The Town's reliance on Miorelli is misplaced because the supreme court in Miorelli also approved this court's holding in Champagne-Webber, Inc. v. City of Fort Lauderdale, 519 So.2d 696 (Fla. 4th DCA 1988). The supreme court stated:
the Fourth District Court of Appeal reasoned that Pan-Am [Tobacco Corp. v. Department of Corrections, 471 So.2d 4 (Fla.1984)] did not preclude a contractor from recovering additional expenses based on a claim of breach of implied covenants or conditions contained within the scope of an express written contract. The court explained:
Virtually every contract contains implied covenants and conditions. For example, every contract includes an implied covenant that the parties will perform in good faith. In construction contract law an owner has (a) an implied obligation not to do anything to hinder or obstruct performance by the other person, ... (b) an implied obligation not to knowingly delay unreasonably the performance of duties assumed under the contract, ... and (c) an implied obligation to furnish information which would not mislead prospective bidders....

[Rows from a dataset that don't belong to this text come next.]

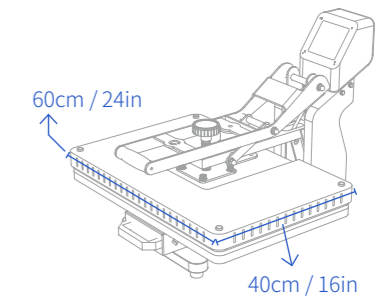

BestSub Heat Press Machine

NEW

Heat Platen	38x38cm / 15x15in		40x50cm / 16x20in		40x60cm / 16x24in	
Voltage	220V	110V	220V	110V	220V	110V
Power	2000w	1300w	2200w	1600w	2400w	1800w
Frequency	50~60Hz					
Parameter	Temp. Range: 0-482 °F (0-250°C) Time Range: 0-999 seconds					

3 Sizes

3 Configurations

- ✗ Slide-Out Drawer
- ✗ Auto-Open

- ✓ Slide-Out Drawer
- ✗ Auto-Open

- ✓ Slide-Out Drawer
- ✓ Auto-Open

... It seems neither logical nor within the principles of fairness enunciated in the Pan-Am Tobacco case to construe the restrictive language of that case to mean that the defense of sovereign immunity is waived only for the state's breach of an express covenant or condition of an express, written contract, but that the defense is not waived for the state's breach of an implied covenant or condition of such contract, while the other contracting party remains liable for a breach of both the express and the implied covenants and conditions.
Champagne-Webber, 519 So.2d at 697-98.
*668 While we agree with Champagne-Webber's interpretation of Pan Am, we cannot agree with Champagne-Webber's further observation that its opinion conflicted with Southern Roadbuilders [Inc. v. Lee County, 495 So.2d 189 (Fla. 2d DCA 1986)]. Binding the sovereign to the implied covenants of an express contract is quite different from requiring a sovereign to pay for work not contemplated by that contract.
Miorelli, 703 So.2d at 1050-1051 (citations omitted).
On motion for directed verdict, the evidence and reasonable inferences therefrom must be viewed by the trial court in the light most favorable to the non-movant. Additionally, any conflicts in the evidence must be resolved in favor of the non-movant. Easton-Babcock & Assocs., Inc. v. Fernandez, 706 So.2d 916 (Fla. 3d DCA 1998). It is well established that the trial court should grant a directed verdict to a defendant only when it is clearly apparent that no evidence has been submitted on which the jury could lawfully find a verdict for the plaintiff. Hernandez v. Motrico, Inc., 370 So.2d 836 (Fla. 3d DCA 1979).
We are not persuaded by the Town's argument that the repair work was extra work, outside the contemplation of the contract, that required a change order. The record instead supports appellee's argument that the work performed was in the nature of repair work necessary to bring the project into conformity with the contract and not outside the scope of the work originally contemplated. Additionally, appellee presented substantial competent evidence that the Town breached its contract by failing to provide adequate plans and specifications for the construction of the sewer project, by failing to provide electrical power for the pumping operation, by limiting the time for operation of the diesel-powered pumps, and by delaying the work for three or more months, all of which caused or contributed to the damage.
Accordingly, we hold that the trial judge did not err when it denied the Town's motion for directed verdict, and we affirm the final judgment in favor of appellee.
AFFIRMED.
WARNER, C.J., and HAZOURI, JJ., concur.